Par conséquent, chez Valéry, ni son œuvre, ni sa vie ne peuvent se comprendre, si ce n’est en fonction de ces Cahiers qui constituèrent une réserve de textes et d’idées, une sorte de « base de données personnelles » où il puisa tout au long de sa vie. La réflexion sur l’architecture n’y déroge pas. Elle est à la fois constituante et constitutive de la recherche et de la méthode.

L’écrivain, tel Léonard de Vinci l’un de ses modèles, a cherché, sous des formes différentes, dans son œuvre, ses Cahiers, ses feuillets, ses dessins, quelles pouvaient être les chances d’une pensée qui, bien qu’inspirée par le désir de construire et orientée vers le monde des artefacts matériels, ne serait pas captive des seuls mots d’ordre de l’industrie et de l’idéologie ingénieuriale. Il s’est tourné vers l’architecture comme modèle en raison de la tradition intellectuelle et artistique qui la caractérise, et du lien qui unit, à chaque époque, la production du bâti à celle de la conception de l’espace public.

5. L’œuvre et les personnages iconiques

« L’architecture a tenu une grande place dans les premières amours de (son ) esprit. »22 Par ses biographes, on sait que lycéen à Montpellier, ses deux ouvrages préférés sont la Grammaire de l’ornement par Owen Jones et le Dictionnaire raisonné de l’architecture française, par Eugène Viollet Le Duc. En 1887, c’est l’architecte Giuseppe Parodi qui l’initie à la compréhension des vieux quartiers gênois. Trois personnages iconiques dans son œuvre représentent l’architecte : Orphée, Eupalinos, Amphion.

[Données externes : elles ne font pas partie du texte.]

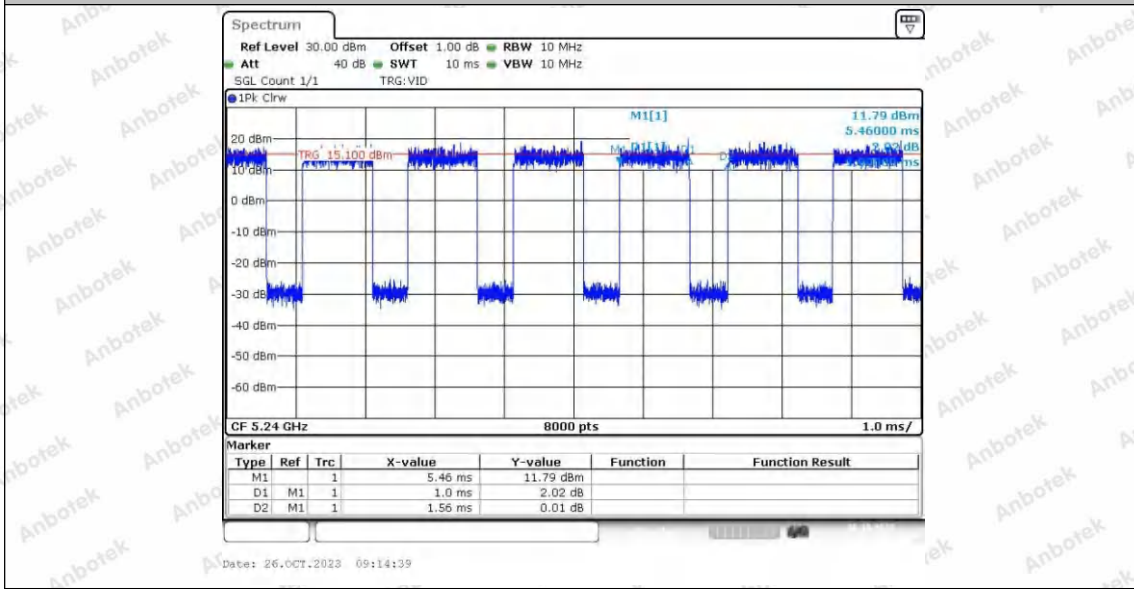

11AX20SISO_Ant1_5240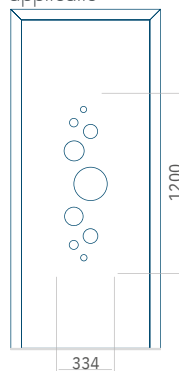

PVC900 x 2150

ALU:1100 x 2450

WOOD:840 x 2240

Paneel32

Motief zonder applicatie

Motief met applicatie

Minimale afmeting van paneel

PVC:570 x 1650

ALU:570 x 1650

WOOD:570 x 1650

Maximale afmeting van paneel

PVC900 x 2150

ALU:1100 x 2450

WOOD:840 x 2240

Paneel33

Motief zonder applicatie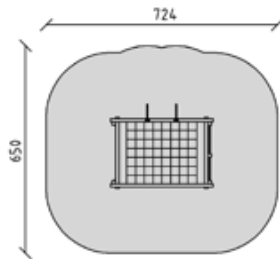

CHF 5'050.-

-  3+
-  270 x 224 x 205 cm
-  630 x 584 cm
-  34.05 m²
-  195 cm

30310-100

Kombiturner
Combi-Gymnaste
Combi ginnasta

CHF 5'750.-

-  3+
-  320 x 266 x 238 cm
-  724 x 650 cm
-  42.4 m²
-  228 cm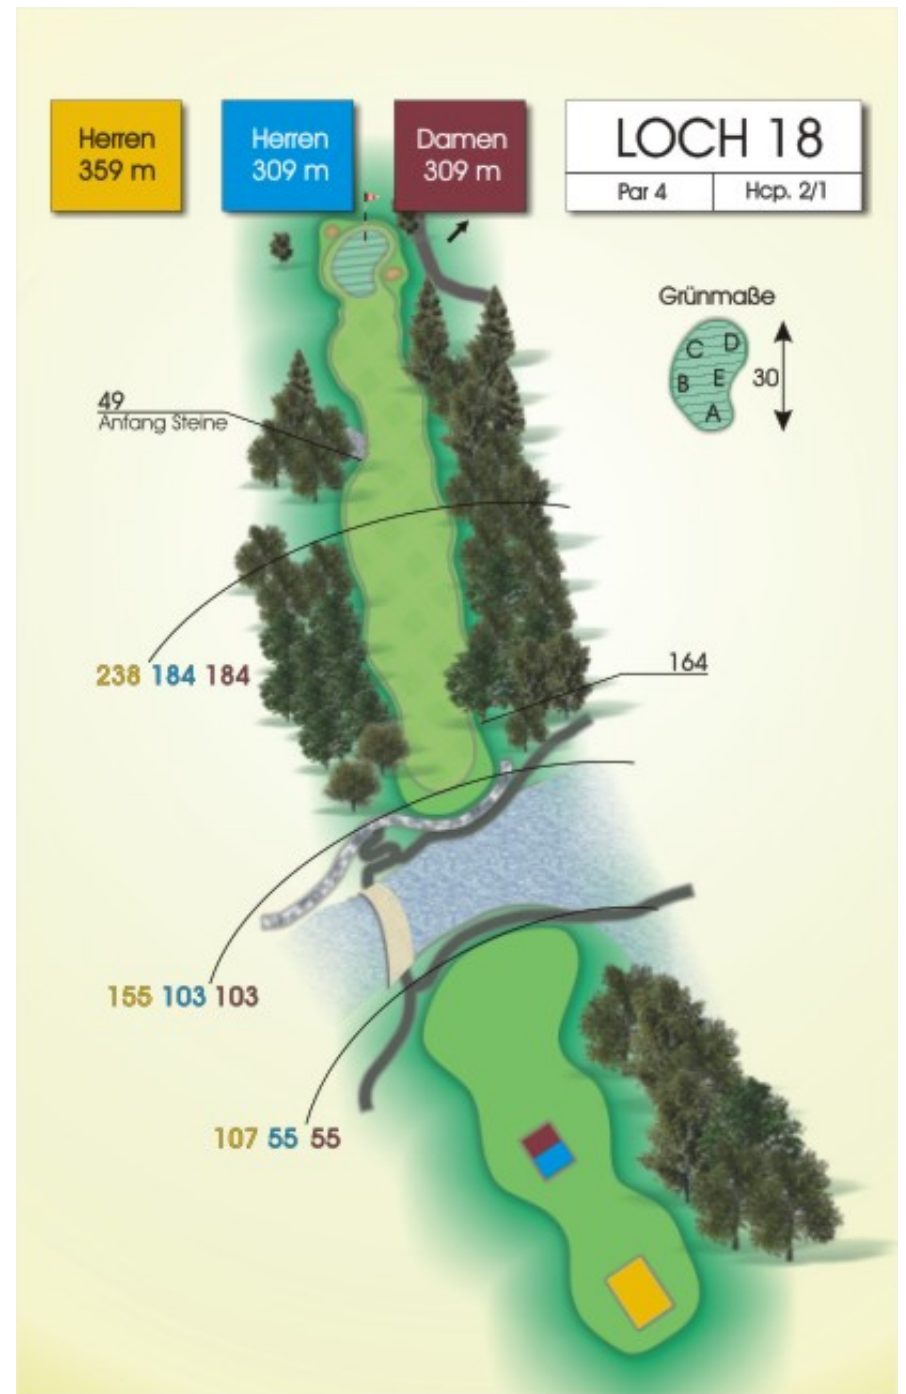

Wendelinus Golfpark

Golfparkallee 1
66606 St. Wendel
Deutschland

Tel.: +49 6851-979800
Fax: +49 6851-9798019

stwendel@golf-absolute.de
www.golf-absolute.de

Herren
361 m

Herren
305 m

Damen
305 m

LOCH 27
Par 4 Hcp. 6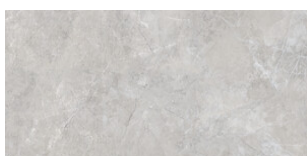

Série **Crystal**

60x60 SL / 24"x24"

30x60 / 12"x24"

60x60 SI / 24"x24"

CRYSTAL PEARL BRILLO 60x60 SL
G.109 | BRILLANT | Terre Neutre

CRYSTAL IVORY BRILLO 60x60 SL
G.109 | BRILLANT | Terre Neutre

30x60 / 12"x24"

CRYSTAL IVORY BRILLO 30x60
G.74 | BRILLANT | Pâte blanche

CRYSTAL PEARL BRILLO 30x60
G.74 | BRILLANT | Pâte blanche

**CRYSTAL BRUMA IVORY BRILLO
30x60**
G.73 | BRILLANT | Pâte blanche

**CRYSTAL BRUMA PEARL BRILLO
30x60**
G.73 | BRILLANT | Pâte blanche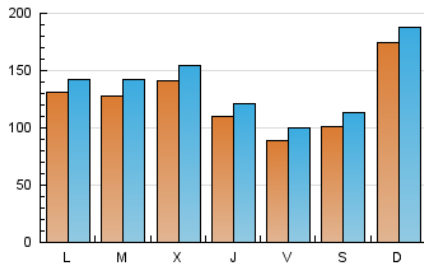

1. Cifras totales y promedios (Nacional)

MES - AÑO	NAVEGADORES UNICOS	VISITAS	PAGINAS
Mayo - 2021	278.500	428.635	605.526
PROMEDIO DIARIO	12.601	13.827	19.533
PROMEDIO LUNES-VIERNES	12.029	13.248	18.604
PROMEDIO SABADO-DOMINGO	13.800	15.042	21.484
PAGINAS / VISITAS	1,41		
DURACION MEDIA VISITAS	0:00:42		
DURACION MEDIA PAGINAS	0:01:41		

2. Secciones (Nacional)

	PAGINAS	%
HOME	40.211	6.64 %
RESTO	565.315	93.36 %

3. Por día del mes (Nacional)

Día	N. únicos	Visitas	Páginas	Día	N. únicos	Visitas	Páginas	Día	N. únicos	Visitas	Páginas
1	8.921	10.067	13.559	11	15.089	17.291	21.967	21	10.665	11.948	15.171
2	14.695	15.839	20.263	12	10.128	11.400	15.268	22	10.157	10.971	13.944
3	12.228	13.320	17.725	13	7.033	7.816	10.629	23	11.512	12.527	15.932
4	8.833	9.957	13.348	14	7.826	8.873	12.050	24	15.175	16.401	20.562
5	7.897	8.683	16.622	15	7.929	9.345	12.998	25	19.637	21.009	25.888
6	11.922	13.748	34.386	16	8.930	9.846	12.590	26	21.803	23.427	28.920
7	9.429	10.702	27.020	17	10.399	11.222	14.434	27	8.857	9.618	12.273
8	14.405	16.276	39.601	18	7.594	8.437	11.059	28	7.797	8.562	10.959
9	14.393	15.703	26.631	19	16.770	18.061	22.149	29	9.113	10.122	12.575
10	16.360	18.055	22.963	20	16.031	17.481	21.854	30	37.947	39.721	46.750
								31	11.146	12.207	15.436

4. Gráficas (Nacional)

4.1 Por día de la semana (promedio)

N. únicos / Visitas (x 100)

Páginas (x 100)

4.2 Por franja horaria (promedio)

Visitas (x 1000)

Páginas (x 1000)

4.3 Por meses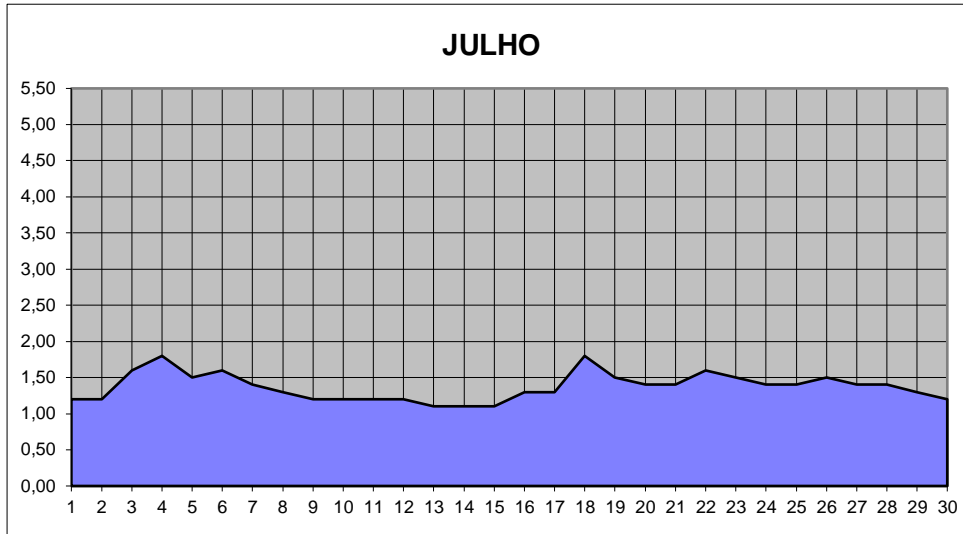

GRÁFICOS NIVEL DA ÁGUA 2005

RIO JACUI - CHARQUEADAS

GRÁFICOS NIVEL DA ÁGUA 2005

RIO JACUI - CHARQUEADAS

GRÁFICOS NIVEL DA ÁGUA 2005

RIO JACUI - CHARQUEADAS

GRÁFICOS NIVEL DA ÁGUA 2005

RIO JACUI - CHARQUEADAS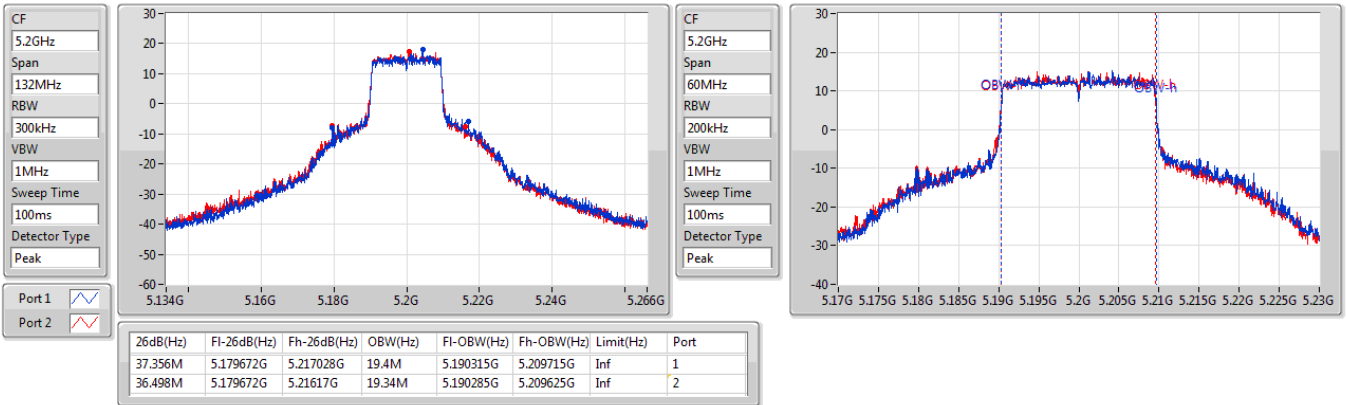

5.725-5.85GHz_802.11a_Nss1,(6Mbps)_2TX

EBW

5785MHz

CF: 5.785GHz
 Span: 52.8MHz
 RBW: 500kHz
 VBW: 2MHz
 Sweep Time: 100ms
 Detector Type: Peak

Port 1
 Port 2

26dB(Hz)	Fl-26dB(Hz)	Fh-26dB(Hz)	Limit(Hz)	Port
42.293M	5.764065G	5.806358G	Inf	1
39.204M	5.766018G	5.805222G	Inf	2

5.725-5.85GHz_802.11a_Nss1,(6Mbps)_2TX

EBW

5825MHz

5.725-5.85GHz_802.11a_Nss1,(6Mbps)_2TX

EBW

5825MHz

5.15-5.25GHz_802.11ax_HEW20_Nss1,(MCS0)_2TX

EBW

5180MHz

5.15-5.25GHz_802.11ax_HEW20_Nss1,(MCS0)_2TX

EBW

5200MHz

5.15-5.25GHz_802.11ax_HEW20_Nss1,(MCS0)_2TX

EBW

5240MHz

CF: 5.24GHz
 Span: 132MHz
 RBW: 300kHz
 VBW: 1MHz
 Sweep Time: 100ms
 Detector Type: Peak
 Port 1: [Waveform icon]
 Port 2: [Waveform icon]

21. « Je suis un poète qu’une grande partie des choses réputées poétiques touche peu et ennuie. Il m’est arrivé de m’en servir mais à regret […]. Ce qui me communique l’état chantant, je l’ai trouvé en général bon pour moi seul et changé en observations privées » XV, 875. Par ailleurs, Valéry déclare « je n’ai pas de souvenirs d’enfance. En somme le passé est pour moi aboli dans sa structure chronologique et narrable. J’ai le sentiment invincible que ce serait perdre mon temps que de retrouver le temps perdu. » Œ.I, Introduction biographique, p.60.

22. Œ. II, Pièces sur l’art, « Histoire d’Amphion », p. 1277.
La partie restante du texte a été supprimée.